■ Dataset extract:
::::::::::

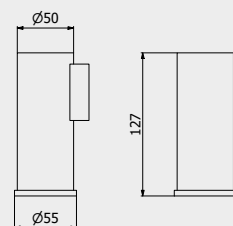

Toothbrush holder
Portaspazzolino
Porte-brosse à dents

CODE / COEFFICIENT | CODICE / COEFFICIENTE
| CODE / COEFFICIENT

● BL	C0003BL	4,2
● VD	C0003VD	4,2
● GI	C0003GI	4,2

PACKAGING

L: 340 mm
D: 180 mm
H: 75 mm

1,3 kg
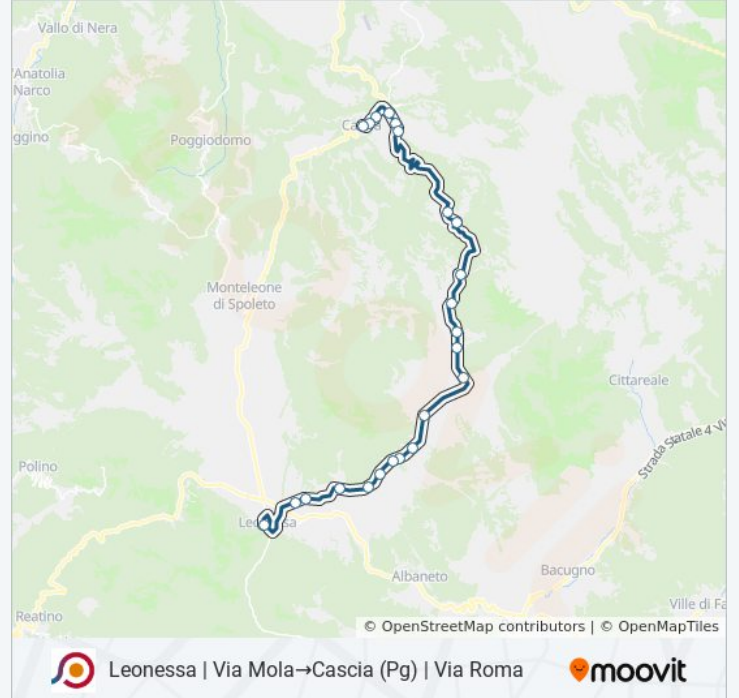

Cascia (Pg) | Zona Industriale

Cascia (Pg) | Via Cursula

Cascia (Pg) | Via Cavour

Cascia (Pg) | Via Roma

Orari, mappe e fermate della linea bus COTRAL disponibili in un PDF su moovitapp.com. Usa [App Moovit](#) per ottenere tempi di attesa reali, orari di tutte le altre linee o indicazioni passo-passo per muoverti con i mezzi pubblici a Roma e Lazio.

[Scopri Moovit](#) • [Soluzioni MaaS](#) • [Paesi disponibili](#) • [Mooviter Community](#)

© 2024 Moovit - Tutti i diritti riservati

Controlla gli orari di arrivo in tempo reale

::::::::::

Give back the whole listing exactly as written. Do not include any picture.

Toothbrush holder
Portaspazzolino
Porte-brosse à dents

CODE / COEFFICIENT | CODICE / COEFFICIENTE
| CODE / COEFFICIENT

● BL	C0003BL	4,2
● VD	C0003VD	4,2
● GI	C0003GI	4,2

PACKAGING

L: 340 mm
D: 180 mm
H: 75 mm

1,3 kg

Cascia (Pg) | Zona Industriale

Cascia (Pg) | Via Cursula

Cascia (Pg) | Via Cavour

Cascia (Pg) | Via Roma

Orari, mappe e fermate della linea bus COTRAL disponibili in un PDF su moovitapp.com. Usa [App Moovit](#) per ottenere tempi di attesa reali, orari di tutte le altre linee o indicazioni passo-passo per muoverti con i mezzi pubblici a Roma e Lazio.

[Scopri Moovit](#) • [Soluzioni MaaS](#) • [Paesi disponibili](#) • [Mooviter Community](#)

© 2024 Moovit - Tutti i diritti riservati

Controlla gli orari di arrivo in tempo reale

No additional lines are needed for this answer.